> _Task directions_:
Your answer must be the exact lines below, starting with the line with "- smooth body" and going on through the line with "Refer to drawings for explanation.", both included, with no pictures.

> _Data records_:
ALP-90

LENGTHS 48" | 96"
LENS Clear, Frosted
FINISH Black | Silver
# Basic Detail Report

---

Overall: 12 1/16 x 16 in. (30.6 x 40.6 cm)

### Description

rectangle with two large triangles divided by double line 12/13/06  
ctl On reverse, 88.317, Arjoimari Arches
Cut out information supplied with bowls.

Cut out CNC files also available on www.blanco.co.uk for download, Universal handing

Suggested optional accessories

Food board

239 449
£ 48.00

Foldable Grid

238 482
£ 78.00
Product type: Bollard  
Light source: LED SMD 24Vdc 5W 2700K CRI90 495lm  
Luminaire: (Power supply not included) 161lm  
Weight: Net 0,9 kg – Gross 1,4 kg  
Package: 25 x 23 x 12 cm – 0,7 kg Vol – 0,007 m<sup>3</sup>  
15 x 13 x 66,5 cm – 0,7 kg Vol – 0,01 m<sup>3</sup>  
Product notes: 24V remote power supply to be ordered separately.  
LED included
---
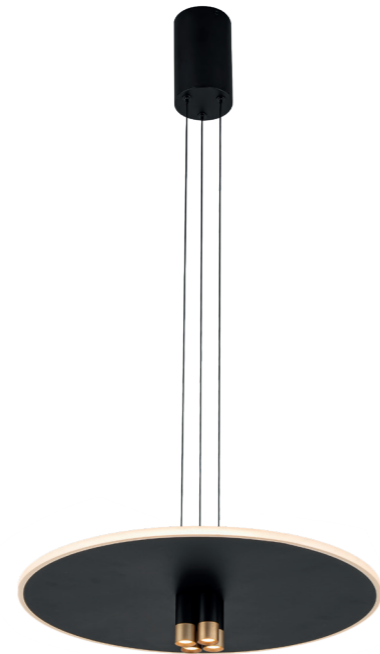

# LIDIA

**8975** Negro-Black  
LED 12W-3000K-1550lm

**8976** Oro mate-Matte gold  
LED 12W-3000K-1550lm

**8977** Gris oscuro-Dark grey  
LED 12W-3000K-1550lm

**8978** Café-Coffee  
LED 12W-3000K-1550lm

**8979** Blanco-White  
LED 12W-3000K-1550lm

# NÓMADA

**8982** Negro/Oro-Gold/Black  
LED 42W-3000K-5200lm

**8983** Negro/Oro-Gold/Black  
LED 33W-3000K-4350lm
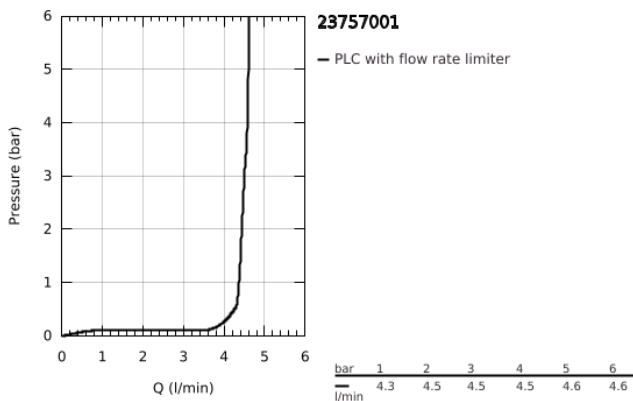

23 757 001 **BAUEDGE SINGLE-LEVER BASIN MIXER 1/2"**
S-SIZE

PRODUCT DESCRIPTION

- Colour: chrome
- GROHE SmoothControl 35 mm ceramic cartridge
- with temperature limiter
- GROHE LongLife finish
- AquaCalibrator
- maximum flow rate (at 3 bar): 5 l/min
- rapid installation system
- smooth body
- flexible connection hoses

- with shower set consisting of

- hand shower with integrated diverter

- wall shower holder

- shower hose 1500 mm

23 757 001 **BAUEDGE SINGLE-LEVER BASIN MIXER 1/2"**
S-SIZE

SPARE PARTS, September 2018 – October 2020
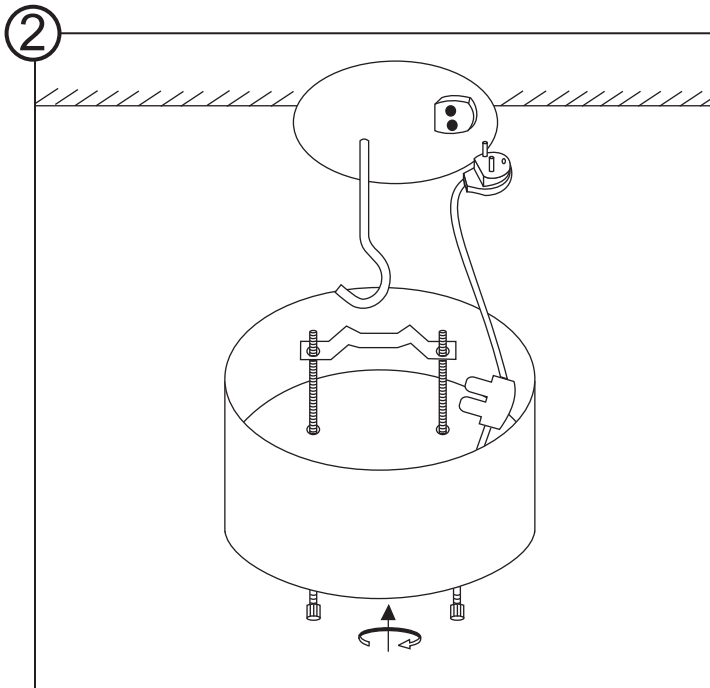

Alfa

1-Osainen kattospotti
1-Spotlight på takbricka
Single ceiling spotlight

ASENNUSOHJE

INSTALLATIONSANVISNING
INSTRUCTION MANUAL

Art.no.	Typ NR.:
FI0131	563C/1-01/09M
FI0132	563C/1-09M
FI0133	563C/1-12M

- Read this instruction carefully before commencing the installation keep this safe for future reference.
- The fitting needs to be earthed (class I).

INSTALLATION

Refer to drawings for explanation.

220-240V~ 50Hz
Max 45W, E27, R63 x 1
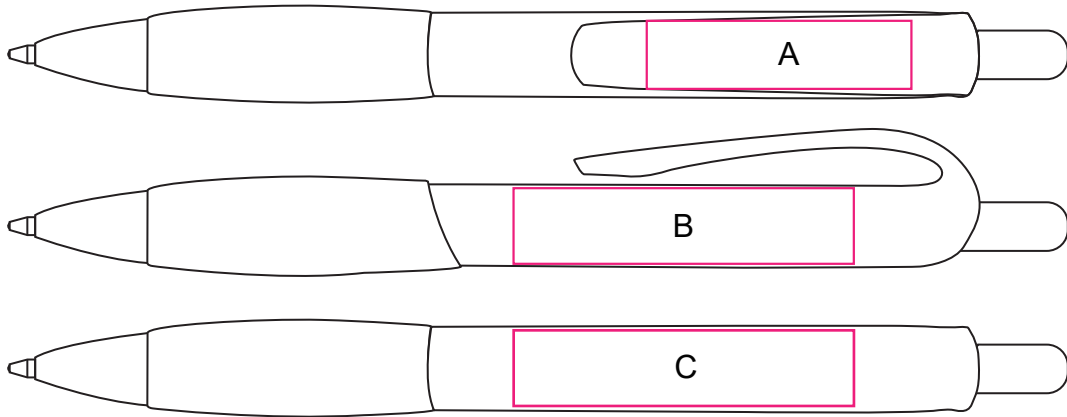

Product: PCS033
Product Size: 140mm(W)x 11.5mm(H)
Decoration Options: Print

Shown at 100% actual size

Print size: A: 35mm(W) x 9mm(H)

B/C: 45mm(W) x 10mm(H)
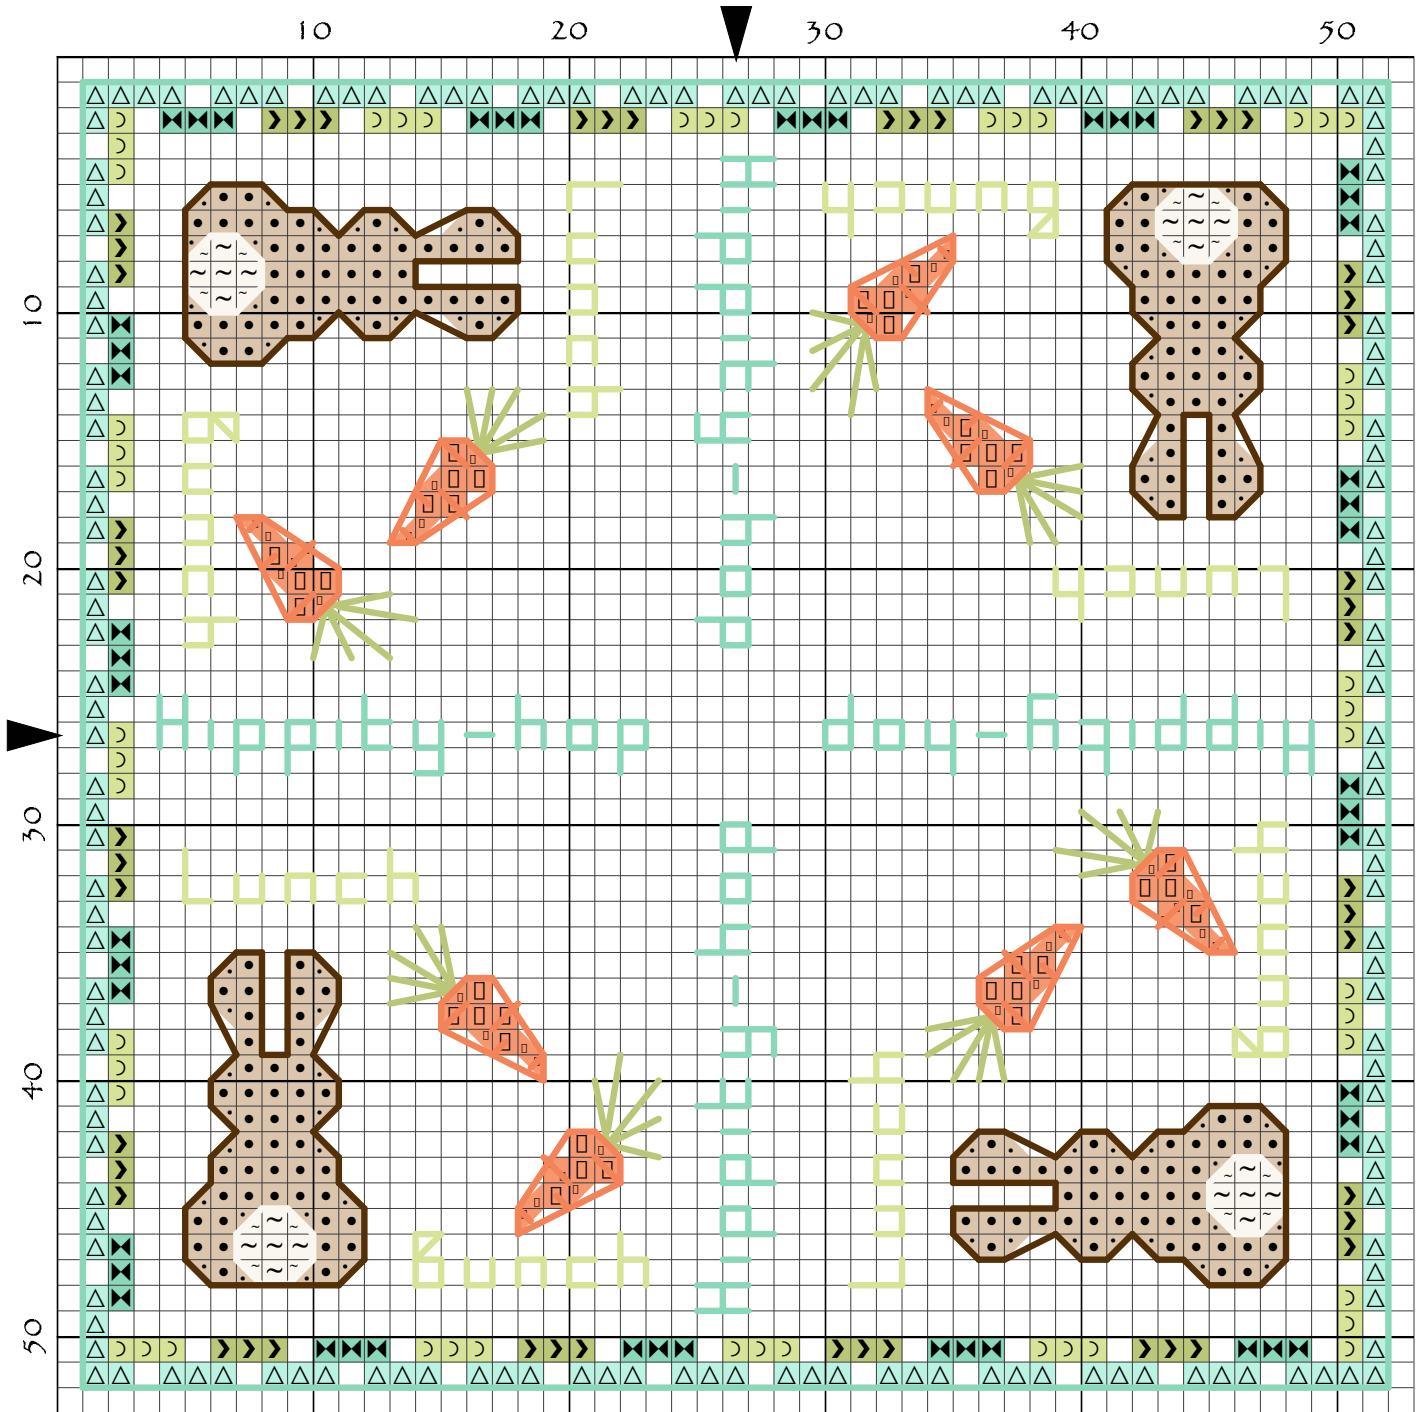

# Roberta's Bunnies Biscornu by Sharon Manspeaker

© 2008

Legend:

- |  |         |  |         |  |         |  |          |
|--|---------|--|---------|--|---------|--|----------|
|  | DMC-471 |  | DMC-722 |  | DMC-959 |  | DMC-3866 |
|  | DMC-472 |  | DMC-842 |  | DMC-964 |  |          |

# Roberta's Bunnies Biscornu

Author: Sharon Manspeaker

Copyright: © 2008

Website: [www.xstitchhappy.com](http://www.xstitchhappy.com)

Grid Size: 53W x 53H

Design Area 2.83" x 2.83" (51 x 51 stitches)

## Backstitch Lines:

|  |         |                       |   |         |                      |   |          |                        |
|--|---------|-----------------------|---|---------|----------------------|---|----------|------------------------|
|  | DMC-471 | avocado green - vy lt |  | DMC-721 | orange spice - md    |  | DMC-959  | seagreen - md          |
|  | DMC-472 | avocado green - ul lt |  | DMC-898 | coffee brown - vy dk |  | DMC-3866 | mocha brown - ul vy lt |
...
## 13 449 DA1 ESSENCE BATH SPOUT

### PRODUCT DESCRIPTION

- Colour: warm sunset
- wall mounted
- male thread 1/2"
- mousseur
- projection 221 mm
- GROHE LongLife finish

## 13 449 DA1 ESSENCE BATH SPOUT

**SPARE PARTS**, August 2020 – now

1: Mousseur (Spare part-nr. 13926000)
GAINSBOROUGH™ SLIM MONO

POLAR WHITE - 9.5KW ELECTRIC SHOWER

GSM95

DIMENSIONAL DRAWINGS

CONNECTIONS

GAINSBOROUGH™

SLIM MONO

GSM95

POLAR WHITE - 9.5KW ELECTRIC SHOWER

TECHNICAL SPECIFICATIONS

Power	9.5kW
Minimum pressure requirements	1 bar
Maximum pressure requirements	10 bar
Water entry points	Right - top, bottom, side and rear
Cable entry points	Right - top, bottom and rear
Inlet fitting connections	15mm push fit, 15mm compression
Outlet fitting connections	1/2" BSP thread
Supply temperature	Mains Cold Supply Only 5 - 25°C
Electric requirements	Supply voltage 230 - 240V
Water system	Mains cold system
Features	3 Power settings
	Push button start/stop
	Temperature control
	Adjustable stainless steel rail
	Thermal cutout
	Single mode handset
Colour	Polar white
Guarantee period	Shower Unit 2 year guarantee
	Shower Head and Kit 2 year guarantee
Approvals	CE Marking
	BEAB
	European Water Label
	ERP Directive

> _Output for this task_:
- smooth body
- flexible connection hoses

- with shower set consisting of

- hand shower with integrated diverter

- wall shower holder

- shower hose 1500 mm

23 757 001 **BAUEDGE SINGLE-LEVER BASIN MIXER 1/2"**
S-SIZE

SPARE PARTS, September 2018 – October 2020

Alfa

1-Osainen kattospotti
1-Spotlight på takbricka
Single ceiling spotlight

ASENNUSOHJE

INSTALLATIONSANVISNING
INSTRUCTION MANUAL

Art.no.	Typ NR.:
FI0131	563C/1-01/09M
FI0132	563C/1-09M
FI0133	563C/1-12M

- Read this instruction carefully before commencing the installation keep this safe for future reference.
- The fitting needs to be earthed (class I).

INSTALLATION

Refer to drawings for explanation.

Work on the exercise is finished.